(Collected data)
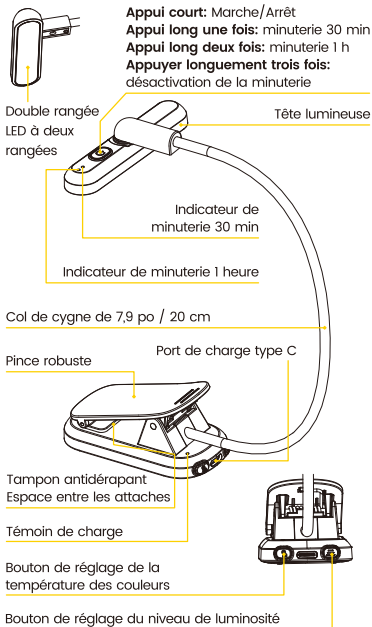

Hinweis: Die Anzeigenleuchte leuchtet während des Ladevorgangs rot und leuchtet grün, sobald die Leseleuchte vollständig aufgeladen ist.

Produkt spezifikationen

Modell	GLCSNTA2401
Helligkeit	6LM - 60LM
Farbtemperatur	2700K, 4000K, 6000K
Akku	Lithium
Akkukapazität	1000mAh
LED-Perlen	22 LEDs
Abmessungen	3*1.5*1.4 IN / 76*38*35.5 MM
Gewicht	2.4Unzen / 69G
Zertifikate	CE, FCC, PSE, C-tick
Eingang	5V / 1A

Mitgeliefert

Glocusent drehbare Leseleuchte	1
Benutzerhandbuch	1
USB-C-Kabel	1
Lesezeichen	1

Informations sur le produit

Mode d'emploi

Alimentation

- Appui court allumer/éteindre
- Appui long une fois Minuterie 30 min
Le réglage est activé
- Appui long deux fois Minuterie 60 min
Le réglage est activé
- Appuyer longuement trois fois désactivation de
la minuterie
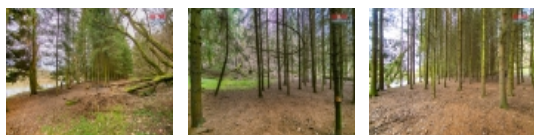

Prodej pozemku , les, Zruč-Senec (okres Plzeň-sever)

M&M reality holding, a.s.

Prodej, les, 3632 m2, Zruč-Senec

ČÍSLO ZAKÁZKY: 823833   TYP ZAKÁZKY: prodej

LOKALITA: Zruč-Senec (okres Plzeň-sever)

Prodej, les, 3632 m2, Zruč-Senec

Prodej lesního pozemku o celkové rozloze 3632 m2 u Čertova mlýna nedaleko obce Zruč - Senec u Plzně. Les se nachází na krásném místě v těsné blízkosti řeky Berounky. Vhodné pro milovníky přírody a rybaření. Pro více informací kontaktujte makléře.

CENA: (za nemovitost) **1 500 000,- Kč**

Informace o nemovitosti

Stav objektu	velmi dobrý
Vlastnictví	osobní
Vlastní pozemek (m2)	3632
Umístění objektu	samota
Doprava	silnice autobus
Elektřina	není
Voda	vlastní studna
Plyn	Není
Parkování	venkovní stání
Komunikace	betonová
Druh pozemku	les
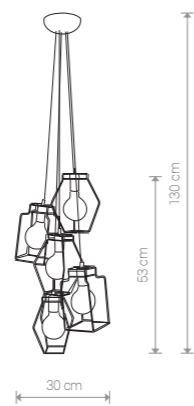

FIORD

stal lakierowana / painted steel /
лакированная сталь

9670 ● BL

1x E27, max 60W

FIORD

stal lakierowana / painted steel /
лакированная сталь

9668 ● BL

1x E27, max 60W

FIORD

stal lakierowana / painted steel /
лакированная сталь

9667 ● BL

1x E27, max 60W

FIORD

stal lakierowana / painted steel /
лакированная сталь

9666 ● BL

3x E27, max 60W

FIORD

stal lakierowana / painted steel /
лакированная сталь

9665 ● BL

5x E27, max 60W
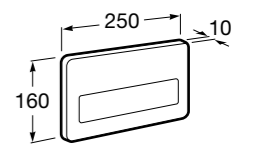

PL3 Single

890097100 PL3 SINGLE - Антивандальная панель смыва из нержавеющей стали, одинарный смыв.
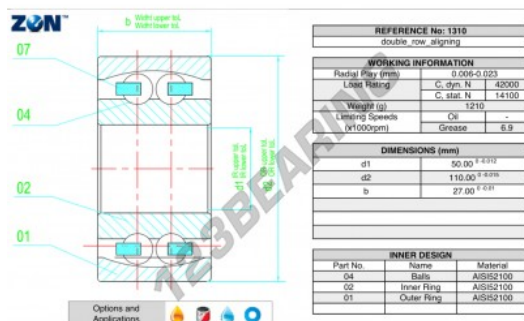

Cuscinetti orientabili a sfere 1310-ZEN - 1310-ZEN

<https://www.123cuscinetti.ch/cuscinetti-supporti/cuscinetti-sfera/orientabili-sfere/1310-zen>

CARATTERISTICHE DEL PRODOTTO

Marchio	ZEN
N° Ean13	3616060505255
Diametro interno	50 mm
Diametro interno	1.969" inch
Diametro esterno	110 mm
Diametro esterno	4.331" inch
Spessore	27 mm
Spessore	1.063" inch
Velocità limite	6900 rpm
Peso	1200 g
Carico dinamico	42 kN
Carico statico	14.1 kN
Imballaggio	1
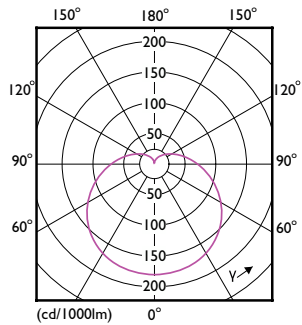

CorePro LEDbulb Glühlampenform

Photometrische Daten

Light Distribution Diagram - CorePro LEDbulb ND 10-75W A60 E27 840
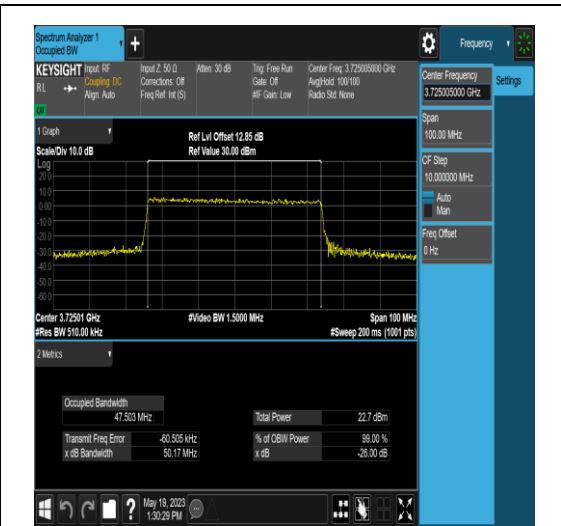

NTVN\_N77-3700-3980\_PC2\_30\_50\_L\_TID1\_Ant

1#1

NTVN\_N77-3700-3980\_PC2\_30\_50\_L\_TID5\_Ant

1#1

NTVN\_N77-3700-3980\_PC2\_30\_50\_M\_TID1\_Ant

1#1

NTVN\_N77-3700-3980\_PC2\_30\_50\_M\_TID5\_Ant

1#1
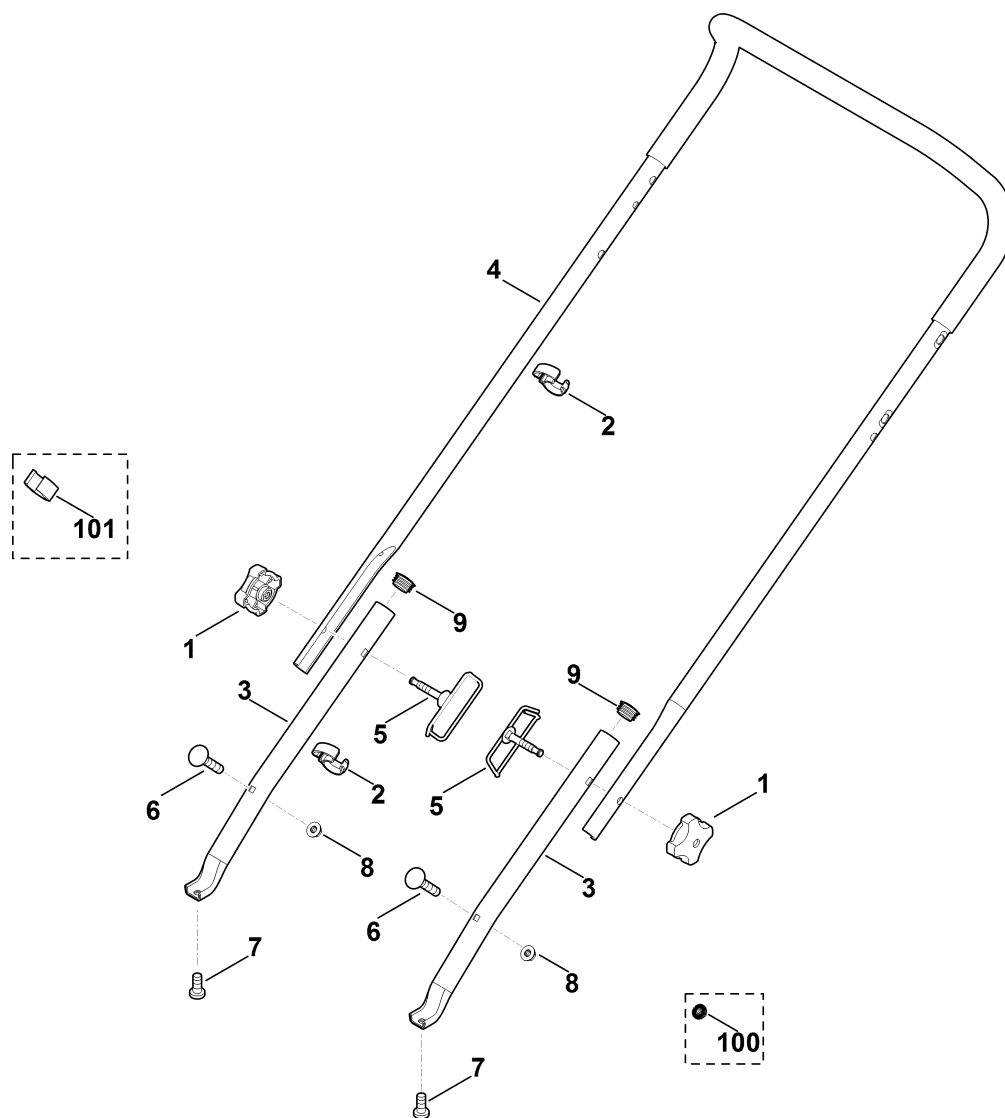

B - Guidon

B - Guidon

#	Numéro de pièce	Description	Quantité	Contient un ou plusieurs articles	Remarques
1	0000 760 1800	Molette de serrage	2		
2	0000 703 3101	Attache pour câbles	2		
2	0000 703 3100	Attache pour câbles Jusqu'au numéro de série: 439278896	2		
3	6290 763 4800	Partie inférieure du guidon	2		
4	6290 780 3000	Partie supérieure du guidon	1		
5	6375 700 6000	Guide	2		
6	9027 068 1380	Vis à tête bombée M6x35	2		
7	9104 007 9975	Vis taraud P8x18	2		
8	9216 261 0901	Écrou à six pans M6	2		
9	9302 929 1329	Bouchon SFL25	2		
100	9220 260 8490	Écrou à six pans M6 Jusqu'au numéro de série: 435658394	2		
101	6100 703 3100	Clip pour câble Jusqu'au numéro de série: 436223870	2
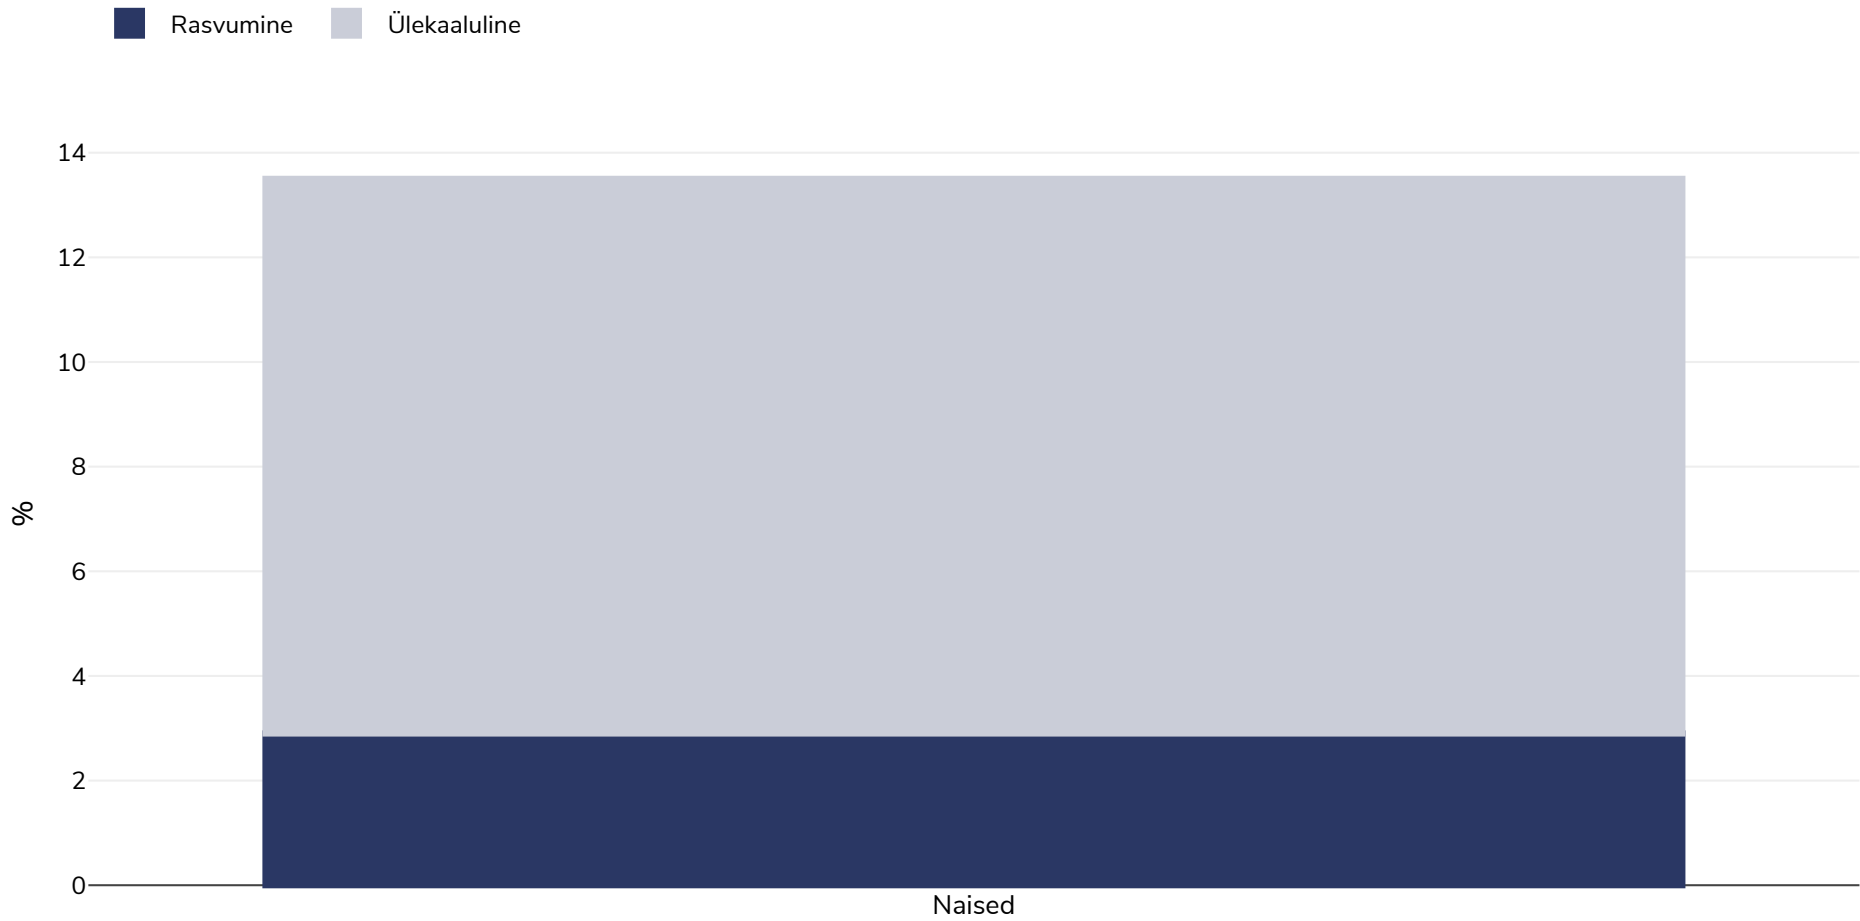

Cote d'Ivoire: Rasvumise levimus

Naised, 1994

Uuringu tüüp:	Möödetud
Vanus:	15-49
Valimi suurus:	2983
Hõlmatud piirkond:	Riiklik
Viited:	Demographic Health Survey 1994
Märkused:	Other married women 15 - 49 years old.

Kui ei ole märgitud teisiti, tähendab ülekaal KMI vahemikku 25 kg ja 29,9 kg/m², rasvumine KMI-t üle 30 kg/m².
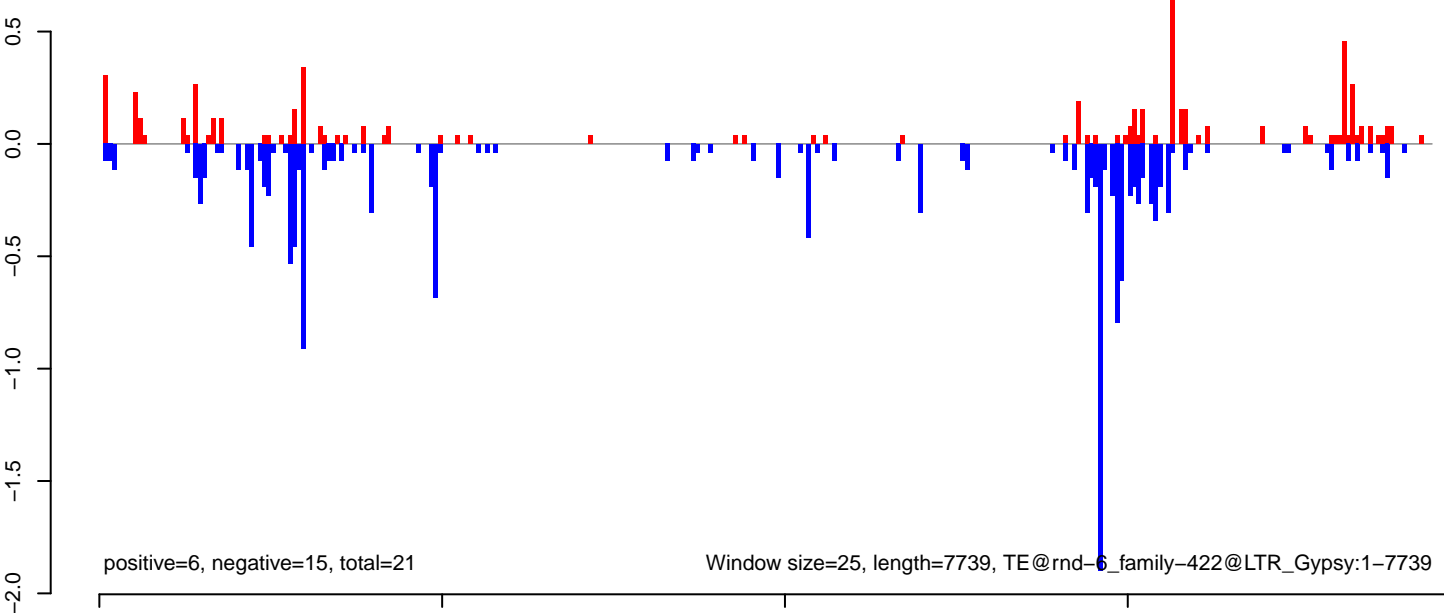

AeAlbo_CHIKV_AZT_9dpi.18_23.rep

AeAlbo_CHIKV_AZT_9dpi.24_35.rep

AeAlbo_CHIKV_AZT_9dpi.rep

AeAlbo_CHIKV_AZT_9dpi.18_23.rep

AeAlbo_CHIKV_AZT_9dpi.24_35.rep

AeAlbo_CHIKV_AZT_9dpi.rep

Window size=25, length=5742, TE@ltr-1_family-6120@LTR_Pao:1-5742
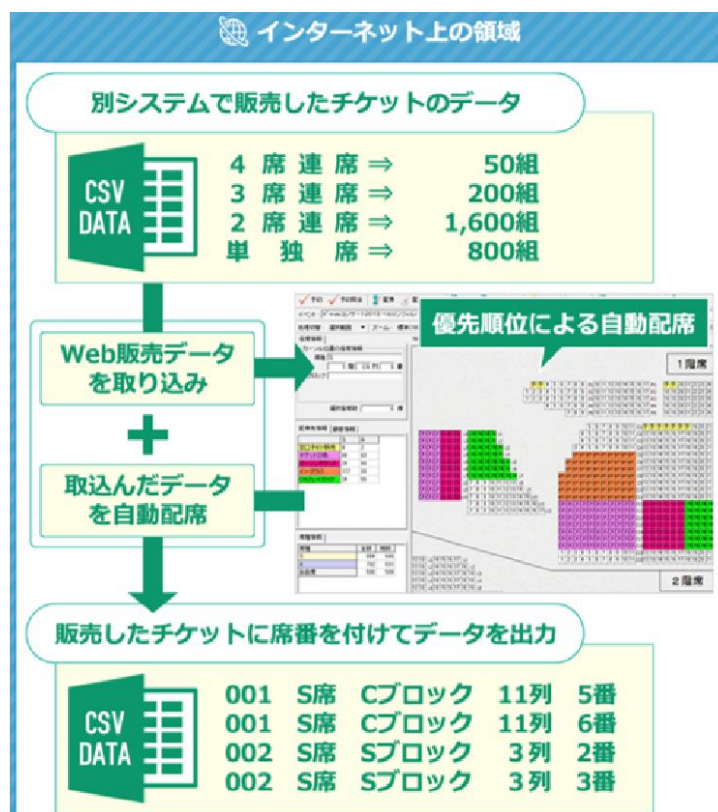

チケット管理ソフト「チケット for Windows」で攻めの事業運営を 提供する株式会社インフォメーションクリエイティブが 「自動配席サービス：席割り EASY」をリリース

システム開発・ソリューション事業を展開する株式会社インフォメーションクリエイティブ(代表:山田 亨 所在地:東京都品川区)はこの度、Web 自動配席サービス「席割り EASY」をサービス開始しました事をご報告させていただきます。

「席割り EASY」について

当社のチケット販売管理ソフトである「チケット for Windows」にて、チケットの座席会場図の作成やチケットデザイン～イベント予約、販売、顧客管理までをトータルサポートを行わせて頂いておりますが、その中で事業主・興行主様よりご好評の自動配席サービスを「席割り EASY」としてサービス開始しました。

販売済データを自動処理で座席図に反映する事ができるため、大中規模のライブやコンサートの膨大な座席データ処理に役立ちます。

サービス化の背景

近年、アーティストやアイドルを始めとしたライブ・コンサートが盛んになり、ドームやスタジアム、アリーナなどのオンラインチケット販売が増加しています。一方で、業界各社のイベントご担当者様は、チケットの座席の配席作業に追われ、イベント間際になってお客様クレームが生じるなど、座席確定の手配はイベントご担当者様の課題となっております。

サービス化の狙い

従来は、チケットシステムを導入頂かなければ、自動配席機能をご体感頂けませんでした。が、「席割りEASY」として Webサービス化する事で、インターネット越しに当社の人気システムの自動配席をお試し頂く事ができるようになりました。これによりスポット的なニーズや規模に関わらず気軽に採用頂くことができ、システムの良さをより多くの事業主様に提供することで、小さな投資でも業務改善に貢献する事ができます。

Work instructions: Say how many lines of the entries above include the word "série", giving the number alone.

Output for this exercise: 3